# deck stair rail height code



## ugabulldog (Oct 16, 2006)

Code for the top of deck railing where i live is between 32"-38" from deck. What would the code be for deck stair rail height since the height varies from front to back of step? I may have have a follow-up question depending on answer. Thanks (county offices are closed and I want to finish this deck, plus I'd rather ask them as few questions as possible)


----------



## troubleseeker (Sep 25, 2006)

Stair handrail heights are always measured at a plumb line from the front edge of the finished tread.


----------



## ugabulldog (Oct 16, 2006)

troubleseeker said:


> Stair handrail heights are always measured at a plumb line from the front edge of the finished tread.
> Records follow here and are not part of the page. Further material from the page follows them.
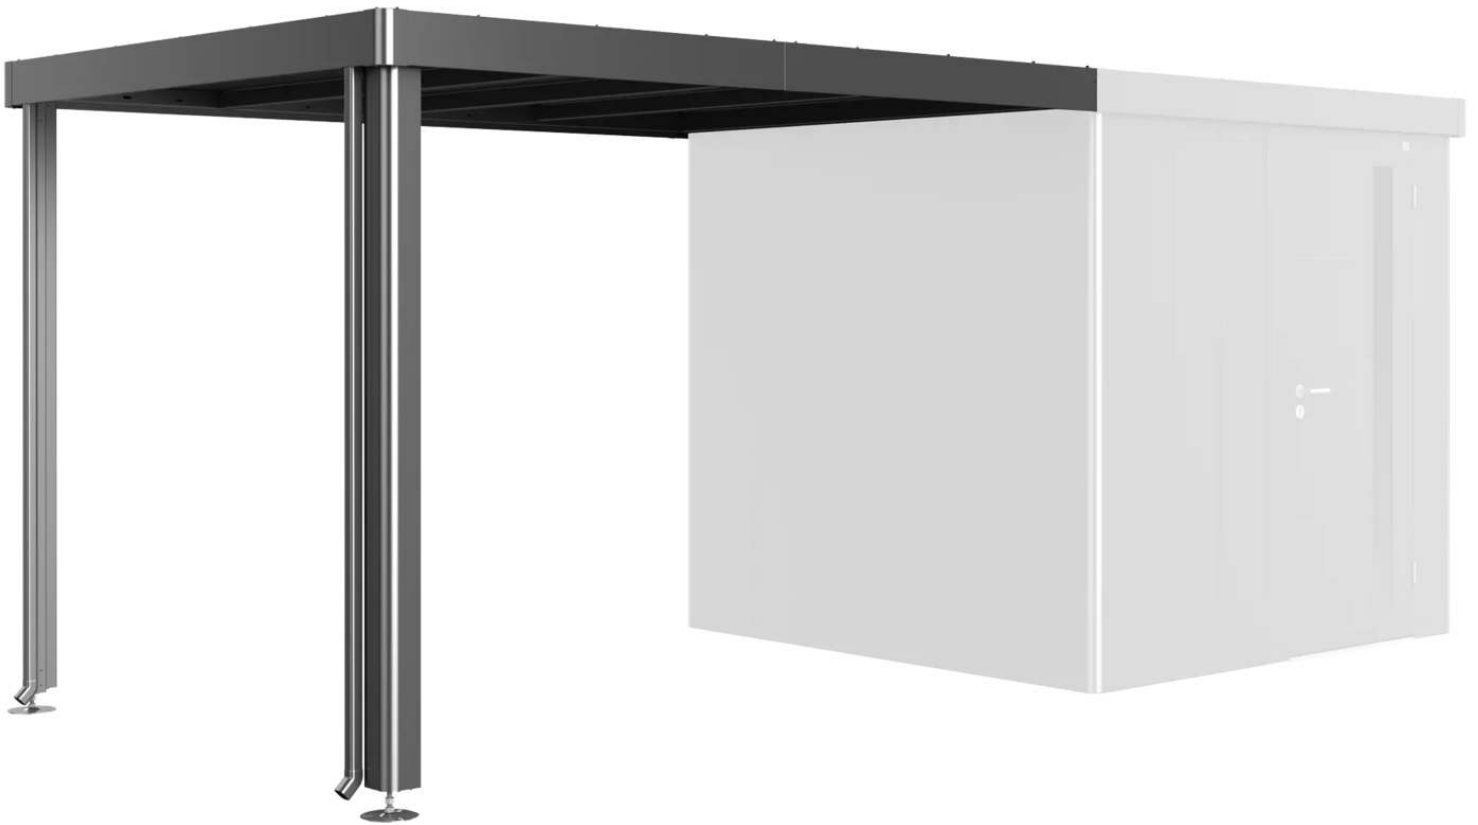

## **Seitendach**

für NEO - Modellreihe 4, dunkelgrau-metallic - 330.785

[www.ziegler-metall.de](http://www.ziegler-metall.de)

**BESTELL-HOTLINE + BERATUNG** zum Nulltarif! (Mo-Fr: 07.00-18.00 Uhr)

**Free Call 0800 802 081 0000 Free Fax 0800 288 63 50 [beratung@ziegler-metall.de](mailto:beratung@ziegler-metall.de)**

# Seitendach

für NEO - Modellreihe 4, dunkelgrau-metallic

Aus Stahlblech feuerverzinkt und polyamid-einbrennlackiert in Standardfarbe dunkelgrau-metallic. Befestigung wahlweise ein- oder beidseitig am Gerätehaus. Alu-Stützen sind mit höhenverstellbaren Füßen ausgestattet. Inklusive zwei Regenfallrohre.

I did a little more research and that is what I was thinking, I am assuming I need a minimum of 32" at the front tread. I will call inspector on Mon to make sure because I will have more work to do. My top step is even with the deck and the deck railing is 36". I can't tie into that without being way low- 27" at front of tread. I am thinking I should add another post at the front of the top step (even though it will be only 10" from the other post) and tie railing into that....btw my pickets attach to the band board on deck and outside stringer on steps.


----------



## AtlanticWBConst. (May 12, 2006)

In my region: It's 34" from the *tread nose (Front)*, to the top of the railing above it. We usually just do 35" to 36" to play it safe.


----------



## kgphoto (Dec 2, 2007)

There are two things to consider. One is the Guard Rail height and the other is the Hand Rail height. Stairs require both. They are at different heights.


----------



## ugabulldog (Oct 16, 2006)

thanks all, i will be calling inspector on Mon. Better safe than sorry...... I have a solution in mind, mentioned earlier, and it shouldn't be too hard of a fix, not near as bad as tearing down steps which are already in place.


----------